The paper realizes that there is no correlation between high per pupil expenditures and academic performance, but still can't get a grip on advocating for more school choice. In NYC Mayor Bloomberg has just about doubled the ed budget with truly meager-and scandalously meager-returns on performance. Continuing to shovel multi-millions of dollars into this failing public educational enterprise-really a cash cow for teacher sand administrators-does students both rich and poor no damn good. But it sure gives you a good idea where the Times' head is at-right up its high taxed, share the wealth, posterior.
But the Times is not simply an obstructionist and, like the stopped clock, is right twice on what needs to be with the state's budget. First on Medicaid: "New York’s Medicaid program— the joint state-federal health insurance for the poor — is expected to spend far more than any other state’s, including the programs in California and Texas, which have much larger populations. In part that is due to the high cost of medical care around New York City. But New York’s eligibility terms and benefits are some of the most generous in the nation. It ranks near the top in providing “optional benefits,” such as dental coverage and long-term care. And it spends more than any other state per enrollee on care for the elderly and disabled."
Of course, the paper shies away from its own observations and concludes that: "Any cuts must try to minimize harm to patients and communities. Unfortunately, cuts in Medicaid could be almost three times as painful as other cuts: if Albany cuts $2 billion, local governments automatically cut at least $750 million and New York will lose $2.75 billion in federal funds, for a total reduction of $5.5 billion." It is precisely this federal spigot, however, that feeds the cycle of fiscal irresponsibility-and leads to the uncontrolled growth of government at all three levels.
Then there is the issue of government workers: "New York will never get its fiscal house in order unless it deals with employees’ extremely generous benefits. By 2013, the average total compensation — salary, pension contribution and health insurance contribution — for a state employee will be $102,000. While private-sector workers pay about 20 percent of the cost of individual health insurance coverage on average, state employees contribute only 10 percent...The state must insist on higher contributions by all its workers to pensions and health insurance, a lower ceiling on the amount of overtime counted in pension calculations and wage increases in line with those in the economy at large."
So, on balance, the Times is making a contribution to Governor Cuomo's reform agenda in spite of its own high tax proclivities. Things are so bad in the state, that even the Times can't stick its head completely in the sand. That being said, we need to steer clear from the grasping nature of the paper's obsession with getting hold of more and more of the people's hard earned money.
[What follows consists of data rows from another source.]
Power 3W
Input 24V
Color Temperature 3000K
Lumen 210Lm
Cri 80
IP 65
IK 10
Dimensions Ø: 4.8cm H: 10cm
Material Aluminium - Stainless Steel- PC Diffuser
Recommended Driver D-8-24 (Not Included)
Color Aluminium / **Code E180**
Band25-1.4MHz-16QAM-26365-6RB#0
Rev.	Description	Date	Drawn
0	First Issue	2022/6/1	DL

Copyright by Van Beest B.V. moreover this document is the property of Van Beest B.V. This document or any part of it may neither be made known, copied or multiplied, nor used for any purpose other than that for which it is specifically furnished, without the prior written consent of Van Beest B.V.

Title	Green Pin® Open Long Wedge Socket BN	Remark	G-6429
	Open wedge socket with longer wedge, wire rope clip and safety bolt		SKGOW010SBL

Because, even while making a couple of sound arguments for reform, the Times can't seem to help itself-ending its long and winding analysis with the following call: "Mr. Cuomo and the Legislature should also be looking for other sources of revenue. A penny-per-ounce tax on sugary sodas could raise an estimated $465 million in the first fiscal year. This is a no-brainer."
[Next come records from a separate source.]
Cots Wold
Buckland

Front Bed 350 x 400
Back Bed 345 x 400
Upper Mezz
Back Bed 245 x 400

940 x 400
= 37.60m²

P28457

Leaving us with-instead of a soupcon of admiration-a major migraine. The no brainer here is the need to not raise any more revenues-and for the governor to live up to his own campaign promises, pledges that the Times fails to understand form the core of his approach to the state's fiscal crisis. What the paper needs to understand is that government and the citizens both are tapped out-and, lacking the ability to be bailed out by a suspect Mexican billionaire, have simply had enough. Cuomo has drawn the appropriate line in the sand-making the tax advice of the Times happily irrelevant.